Wednesday, January 21, 2015

Maud in the Classroom

We finished and complemented our Jane Eyre study with a brief look at the poem "Maud Muller," comparing and contrasting the setting, scene and themes.  Those who read this blog from time to time  may know that I have a personal connection to Maud; I have long looked forward to introducing the poem to a great class. Yesterday was the day. It was a simple lesson, which the students enjoyed, and it gave me insight into some ways my students learn.

Basically the lesson was a close reading of "Maud Muller." I began by reading the entire poem aloud (they were to read it at home before class) and initiated a discussion of the story arc and themes of the poem, compared it to the story and themes of Jane Eyre in literary and historical context, and finished with a discussion of literary techniques and poetical form. The rhymed couplets and even rhythm in Maud are perfect for quick classroom study, and a fine form to study before Hamlet, our next read.

When we completed all that, I asked, "Is it easy or difficult to write in rhymed couplets?"

"Easy," said He-Who-Always-Answers-First.

How easily the young fall into that old trap!  This was the perfect set-up for a poetry-writing lesson. He quickly recanted, but it was too late. Ha!

Each student was asked to write 3 pairs of rhyming couplets on Jane Eyre. This "easy" lesson was, in fact, easy for some, but quite difficult for others.  I found that the students who struggle with clear prose write beautiful poetry, and the student with the best prose barely eked out the 6 lines. The Well-Coiffed-One stunned me with rhymed, unexpected, polysyllabic words which worked wonderfully. The students' work, read aloud, lead to a refresher lesson on assonance. There were quite a few assy-thingummys* in the work of the Usual Suspect, which made us wonder about the ease of rhyme...or not.

As in any class, talents vary. Discovering those talents is the first step in providing students with an opportunity to use and enhance them, and provides me with another means to enhance my skills in the gentle art of assessment.

* cf. The Voyage of the Dawn Treader, Edmund seems unfamiliar with assonance, calling it an "assy-thingummy."

Wednesday, January 14, 2015

Does Jane Err?

Our class discussion of Jane Eyre has been lively, but not as brutal to the heroine of the story as it was for poor Miss Manette in Tale of Two Cities. Jane, the Usual Suspect points out, does many stupid things (including a faint or two!), but he does not dislike her.

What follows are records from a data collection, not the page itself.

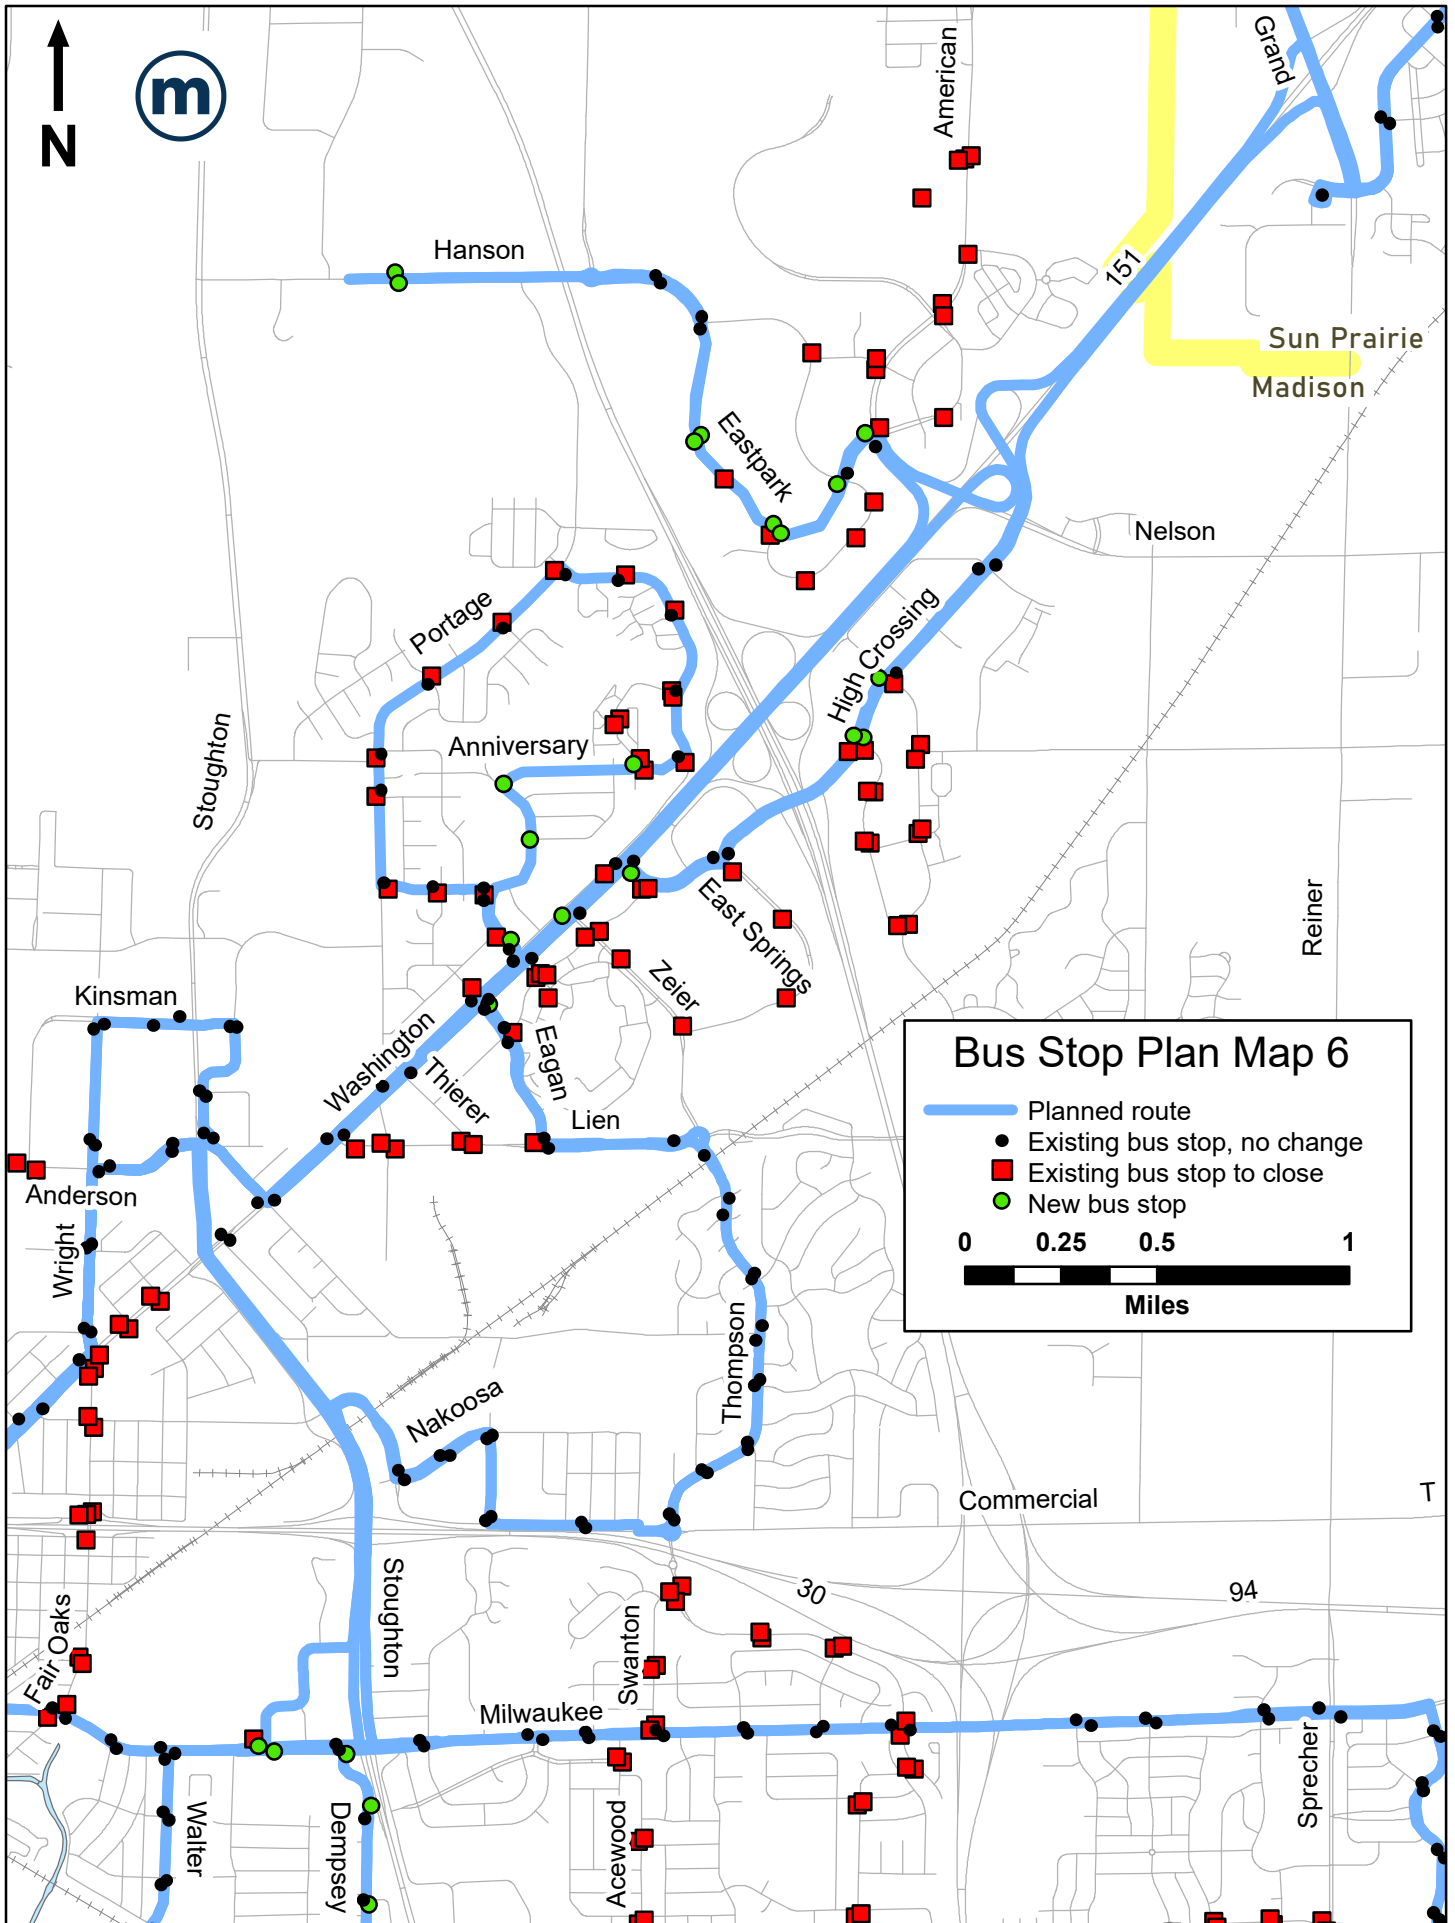

# Bus Stop Plan Map 3

- Planned route
- Existing bus stop, no change
- Existing bus stop to close
- New bus stop

# Bus Stop Plan Map 4

— Planned route  
● Existing bus stop, no change  
■ Existing bus stop to close  
● New bus stop

0    0.25    0.5    1  
  
 Miles

Planned routes and stops in Monona are conceptual and subject to change.

### Bus Stop Plan Map 6

- Planned route
  - Existing bus stop, no change
  - Existing bus stop to close
  - New bus stop
- 0    0.25    0.5    1
- Miles**

Planned routes and stops in Monona are conceptual and subject to change.

### Bus Stop Plan Map 8

- Planned route
- Existing bus stop, no change
- Existing bus stop to close
- New bus stop

0 0.25 0.5 1 Miles

We are using the excellent Lost Tools of Writing along with our literature studies, which often requires that we consider the choices our characters make as an essay prompt. This is particularly effective, as there are always plenty of poor decisions made by the characters in any great novel. Jane Eyre is no exception, and, in fact, if you hear the students discuss it, she makes more mistakes than any character in the western canon. According to them, Jane does indeed err.

Part discussion, part exercise, finding flaw in a character's actions is entertaining fodder for discussion and argument. Students asked:

Should Jane have married Rochester? Should she have left Thornfield? Should she have walked far? Should she have knocked on a door and sought help (this particular moment of indecision nearly spoiled the novel for some students)? Should she have taken her jewels when she left? Should she have married St. John? 

Fortunately for Jane, the questions were not limited to her character. Students considered the actions of Rochester as well, from his decision in youth to marry Bertha, to his hiring a governess for Adele, to his care and keeping of a mad wife, and finally to his proposal and near bigamous marriage to Jane. Certainly, Jane is not alone in her errors.

Other interesting points for discussion were atmosphere, spirituality, Jane's odd art (what's up with that, really?), beauty, ugliness, clothing, and more. A favorite scene, students said, is Rochester's impersonation of the Gypsy fortune teller, which, as several pointed out, could have been left out of the story.  But, they realized through discussion, this scene provides the reader with the only real view of Jane from a perspective outside of herself. Was Rochester right to do this to Jane? If we consider that Bronte, through Rochester, does this for the sake of the reader, well, yes. And doesn't it give us some insight into Rochester's character, too? Is he just teasing her?

Like TTC, I suspect this is a novel which will stick with us through the rest of the year, prompting comparisons and inspiring deeper reading.